In [40]:
import numpy as np
import pandas as pd
import re
from sklearn.metrics import accuracy_score
from sklearn import preprocessing
from sklearn.model_selection import train_test_split
from sklearn import linear_model

We begin by using Pandas to read in the csv file.

**Pandas** is used for easily storing, and preprocessing our data.

Download Data from https://www.kaggle.com/c/titanic/data

In [41]:
df = pd.read_csv("train.csv")
df.sample(7)

Unnamed: 0,PassengerId,Survived,Pclass,Name,Sex,Age,SibSp,Parch,Ticket,Fare,Cabin,Embarked
103,104,0,3,"Johansson, Mr. Gustaf Joel",male,33.0,0,0,7540,8.6542,,S
302,303,0,3,"Johnson, Mr. William Cahoone Jr",male,19.0,0,0,LINE,0.0,,S
769,770,0,3,"Gronnestad, Mr.
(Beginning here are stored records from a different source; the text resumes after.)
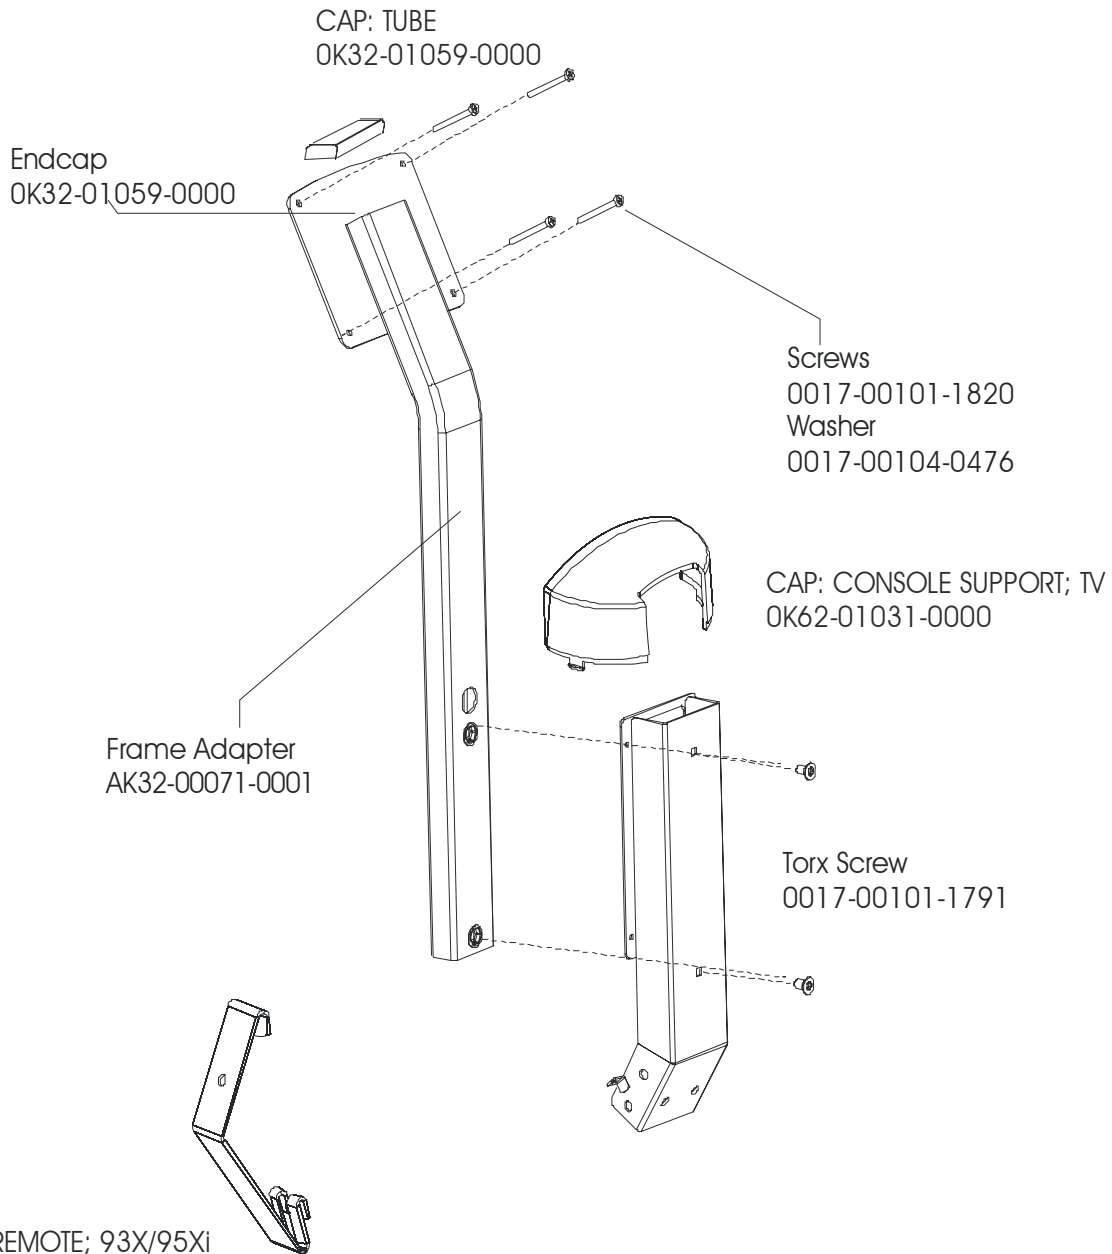

LCD TV -04 ENTERTAINMENT SYSTEM
Cross-trainer and Summit (Silver) Mounting
Hardware: Summit and 90x, 93Xi, 95Xi Cross-
trainer TV Bracket and Adapter TV Bracket

LCD-0201-04: LCP100000 and up
LCD-0202-04: LCQ100000 and up

BRKT: REMOTE; 93X/95Xi
OK62-01265-0000

Used only on the Cross-trainers Extra part when kit is used with Summit Trainer

Adaptor Bracket Kit
GK71-00002-0001

120-inch Coax
AK32-00020-0002
120-inch Power Extension Cable
AK32-00078-0001

Daniel Danielsen",male,32.0,0,0,8471,8.3625,,S
859,860,0,3,"Razi, Mr. Raihed",male,,0,0,2629,7.2292,,C
433,434,0,3,"Kallio, Mr. Nikolai Erland",male,17.0,0,0,STON/O 2. 3101274,7.125,,S
458,459,1,2,"Toomey, Miss. Ellen",female,50.0,0,0,F.C.C. 13531,10.5,,S
505,506,0,1,"Penasco y Castellana, Mr. Victor de Satode",male,18.0,1,0,PC 17758,108.9,C65,C


From the columns we wish to use, Age and Embarked are missing data. (NaN is our placeholder for missing data)

For this tutorial we will replace all the NaN values in Age with the mean age of the column, and the NaN values in Embarked with the value 'M' to signify a missing embarkment point.

In [42]:
df['Age'] = df['Age'].replace(np.nan, df['Age'].mean(), regex=True)
df['Embarked'] = df['Embarked'].replace(np.nan, "M", regex=True)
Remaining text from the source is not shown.